Unfortunately, Alex Brummer’s story is all too familiar and follows a common pattern.
The letting agent takes no responsibility for problems and instead palms you off on a faceless owner with whom you typically have no direct contact — often you don’t even know their name.
Here’s where you stand if, like Alex, your holiday was not up to scratch.
Unfortunately, Alex Brummer’s story is all too familiar and follows a common pattern, says Dean Dunham
When you book holiday accommodation and travel together, whether in this country or abroad, you are generally protected under the Package Travel and Linked Travel Arrangements Regulations 2018.
These provide consumers with a great deal of protection, at the heart of which you are entitled to a remedy (often compensation) if the holiday doesn’t match its description.
However, most staycations fall outside the regulations, as they only involve a booking for accommodation — so Alex and his family cannot rely on them.
Instead, they are protected by the Consumer Rights Act 2015, which says that UK property owners or holiday providers must offer accommodation with reasonable care and skill, and this means accommodation that is clean and safe.

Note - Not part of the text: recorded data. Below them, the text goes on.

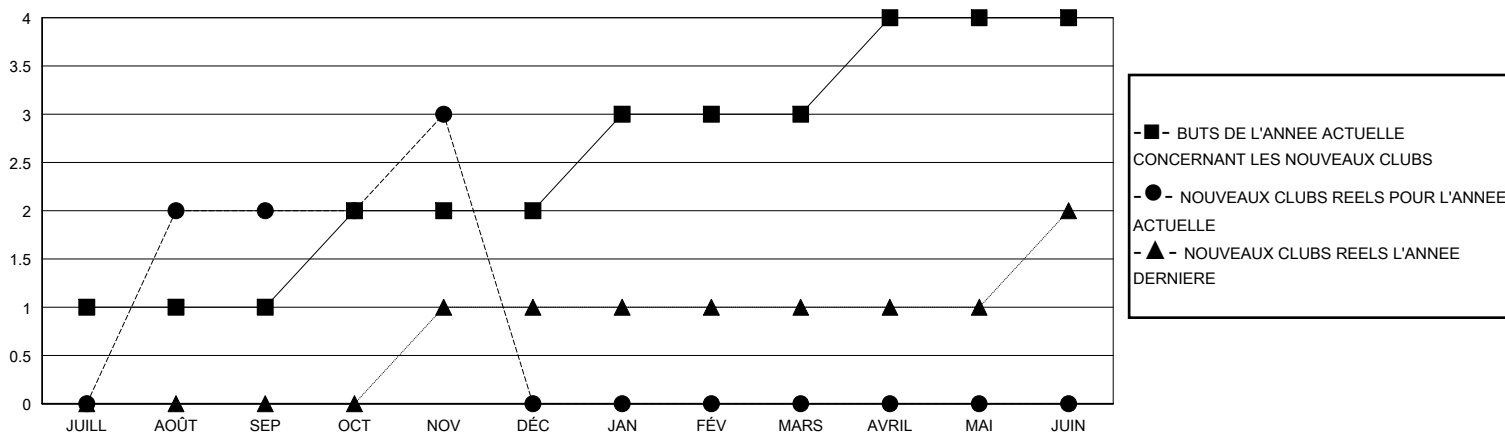

# MONTHLY MEMBERSHIP PROGRESS REPORT

District 415

Results as of: 11/30/2023

GMT:

LIEU ALGERIA

RC EME

Clubs				Membres			
RESULTATS POUR 2023-2024				RESULTATS POUR 2023-2024			
TRIMESTRE	BUT CONCERNANT LES NOUVEAUX CLUBS	NOUVEAUX CLUBS	CLUBS ANNULÉS	TRIMESTRE	OBJECTIF DE CROISSANCE NETTE DE L'EFFECTIF	CROISSANCE ACTUELLE DE L'EFFECTIF	TOTAL DES MEMBRES RADIES (y compris les transferts)
JUILL/AOÛT/SEP	1	2	0	JUILL/AOÛT/SEP	5	62	41
OCT/NOV/DÉC	1	1	0	OCT/NOV/DÉC	10	21	4
JAN/FÉV/MARS	1	0	0	JAN/FÉV/MARS	2	0	0
AVRIL/MAI/JUIN	1	0	0	AVRIL/MAI/JUIN	5	0	0

BUTS ET NOUVEAUX CLUBS REELS - CUMULATIF

BUTS ET MEMBRES REELS - CUMULATIF

CLUBS RADIES: 0	9 CLUBS OF 28 ONT AJOUTE 1 OU PLUSIEURS NOUVEAUX MEMBRES	<b>DISTRIBUTION PAR SEXE</b>
		HOMME 203 (44.91%)
		FEMME 246 (54.42%)
<b>MEMBRES RADIES</b>	<a href="#">CLIQUEZ ICI POUR LES INFORMATIONS CUMULATIVES SUR LES EFFECTIFS</a>	NOMBRE TOTAL DE MEMBRES D'UNITÉS FAMILIALES 74
DECEDE 0		MEMBRES DE FAMILLE QUI RÈGLEMENT LA MOITIÉ DES COTISATIONS 41
CLUB ANNULE 0		
AUTRE 45		
<b>TOTAL 45</b>		
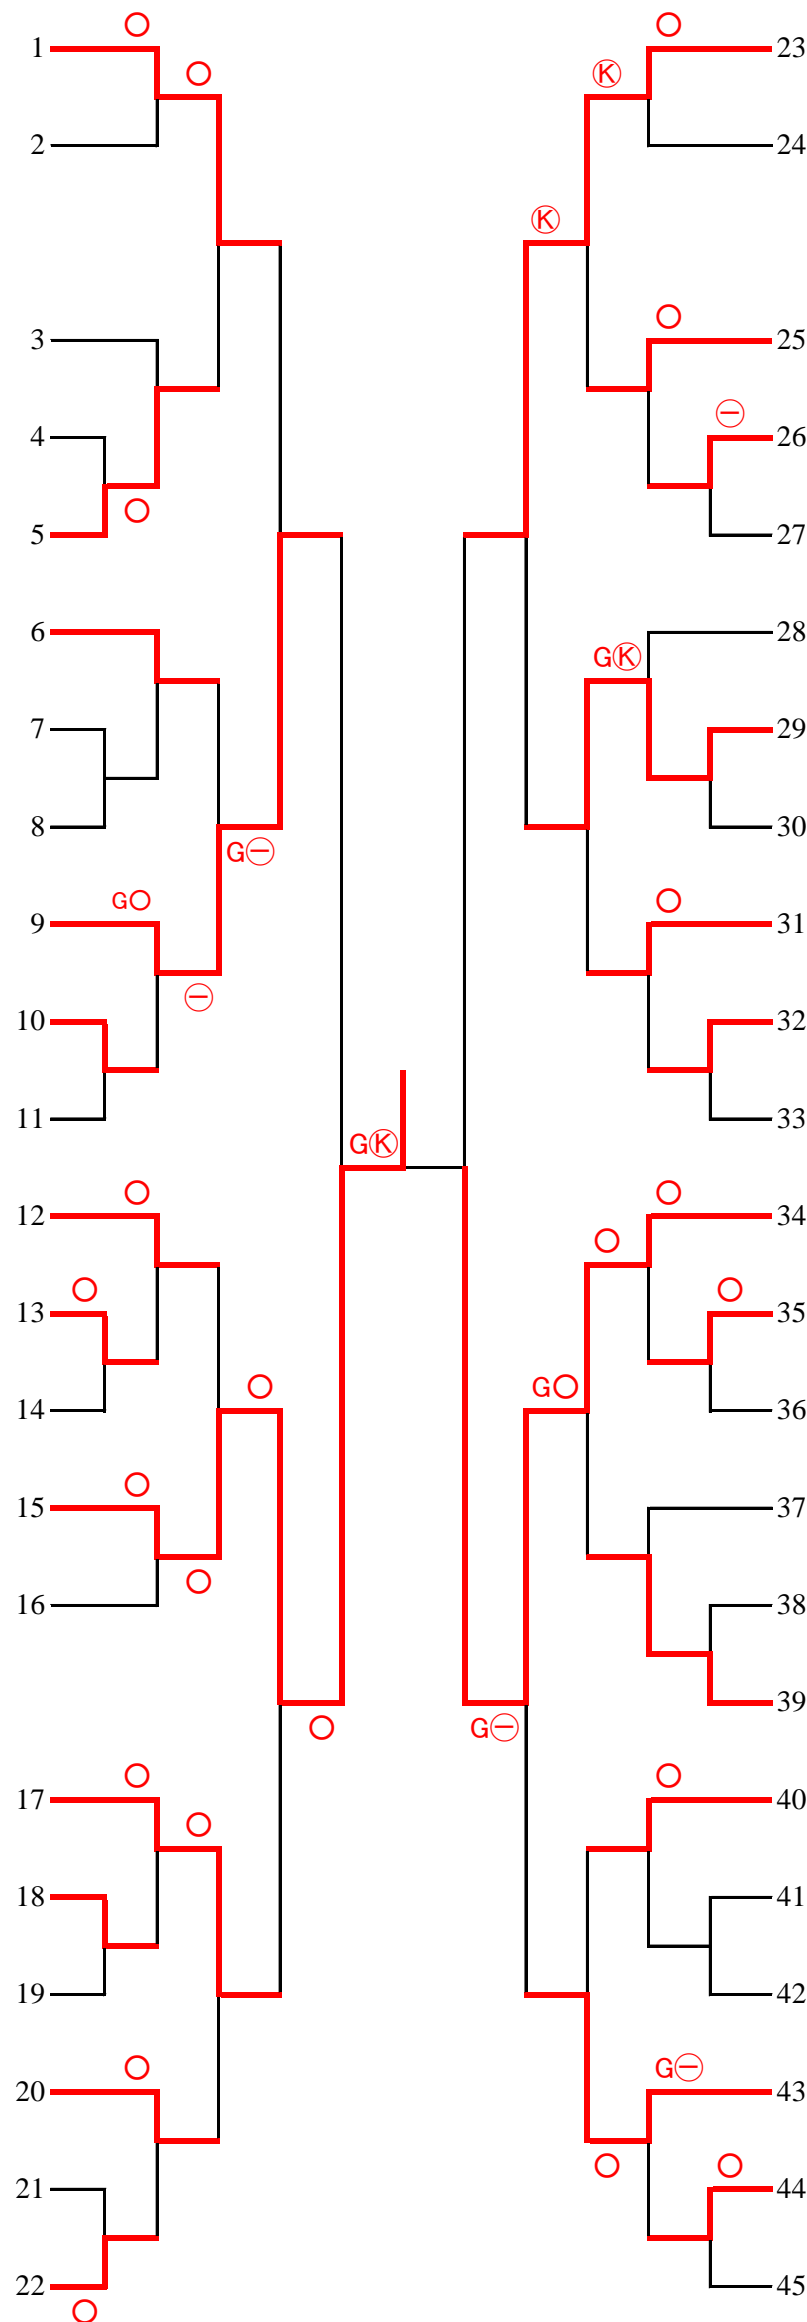

全国高校選手権[男子60kg] 2022/1/23 東京武道館

選手名	学校名
小野	足立学園
善徳	正則学園
野中	昭和鉄道
松土	田無
竹内	桜美林
田中	日比谷
塚崎	工学院
千葉	大東一
金本	墨田川
安河内	日体大荏原
須藤	駒込
森角	多摩
佐々木	明大中野
藤井	城東
村山	都立駒場
櫻井	八王子学園
佐藤	国士舘
稲葉	杉並工業
太田	東海大高輪台
加賀	東海大菅生
馬渡	修徳
安藤	岩倉
見米	城北
上森	桐朋

選手名	学校名
小嶋	八王子学園
荒川	墨田川
吹澤	豊島学院
山本	正則学園
大山	明学東村山
若林	桐朋
菊池	大東一
篠原	日比谷
戸澤	駒込
眞島	岩倉
蔵根	桜美林
藤田	東海大高輪台
向原	国士舘
野村	早実
須藤	杉並学院
田中	城西大城西
下石	葛飾野
宇津木	拓大一
佐藤	修徳
入倉	中大杉並
米嵩	八潮
横山	工学院
飛驒	日体大荏原
岡元	紅葉川

全国高校選手権[男子66kg] 2022/1/23 東京武道館

選手名	学校名
沖	明大中野
余村	紅葉川
岩井	玉川学園
齋藤	東海大高輪台
國分	岩倉
村上	日体大荏原
三木	昭和第一
寺島	本郷
安谷屋	日大一
関口	城西大城西
長井	都市大付
竹内	八王子学園
北村	中央ろう
安岡	京華
川崎	国士館
高橋	足立学園
今村	修徳
池村	都立駒場
河原	城北
池野	田無
進藤	桜美林
横山	文教大付

選手名	学校名
藤村	日体大荏原
河原	城西大城西
永井	足立学園
大橋	穎明館
井村	農大一
高井	昭和第一
後藤	武蔵野
大塚	城北
三木	明大中野
藤原	駒大高
森田	駒込
坪井	安田学園
谷崎	国士館
外崎	明星
菊地	福生
松井	杉並工業
半田	日本学園
黒木	田無
萱場	拓大一
関口	王子総合
藤田	東海大高輪台
内藤	日大一
田中	昭和鉄道

The issues Alex’s family experienced with the TV service, sofa smelling of animal urine, leaky shower and malfunctioning hot water system almost certainly fell foul of this law.
In addition to this protection, Alex’s family were also entitled to the accommodation promised, as it was described on the Suffolk Secrets website.
This not only means that the firm’s description should be accurate, but that no important information should be left out that would, or could, have influenced the decision to go ahead with the booking.
Alex has made it clear that his family would not have continued with the booking had they known the accommodation was next to a construction site, so it is clear that this information should have been communicated to them.
As is common in these situations, Suffolk Secrets acts as what is known in law as an ‘agent’, meaning it advertises the accommodation and then facilitates the booking between the consumer and the owner of the property. This is confirmed within the Suffolk Secrets terms and conditions, and the contract, in this case, is between Alex’s son-in-law and the property owner.
The owner could try to hide behind the terms and conditions in relation to the problems, as many do in these situations.
In Alex’s case, the relevant terms and conditions say: ‘We will not be responsible, nor liable to you (or any holidaymakers) for any events outside the owner’s or our reasonable control, such as the breakdown of domestic appliances, plumbing, wiring, temporary invasion of pests, building works at adjacent properties, damage resulting from exceptional weather conditions or other unforeseeable circumstances…’
However, my firm view is that this does not help the property owner with their argument that they need not have notified Alex’s family of the building works at the point of booking or, at the very least, prior to the holiday commencing.
Alex and his family are clearly entitled to compensation in relation to the issues with the holiday.
If they had chosen to refuse to stay at the accommodation, they could have claimed a full refund and potentially compensation for the inconvenience and any expenses incurred as a consequence of the property owner’s breach of contract.
As they continued to stay at the accommodation, the compensation will have taken the form of a price reduction, as had already been offered. To calculate the amount, Alex would have needed to consider the extent of the family’s loss of enjoyment of the holiday, and ultimately the diminution in value.
I note that 20 per cent has been offered and accepted. But in the circumstances here, I feel this was too little and should have been rejected.
Ultimately, in these situations you need to consider how much a court would award, as this would be the next step if the compensation amount could not be agreed.
There is no hard-and-fast rule on the amount of compensation that will be awarded but I would expect to see it at around 35-40 per cent.
Finally, when you suffer a holiday disaster, as Alex did, you should first build an evidence file to substantiate all the issues. This should include photographs, videos and anything else that demonstrates the problem.
It’s also important to notify the holiday provider/organiser/property owner immediately and not leave it until you get home.
If this does not get you the redress you are looking for, the next step would be a claim to what is commonly referred to as the ‘small claims court’ — a relatively straightforward, cheap court process for claims under £10,000 in value, where typically the parties represent themselves.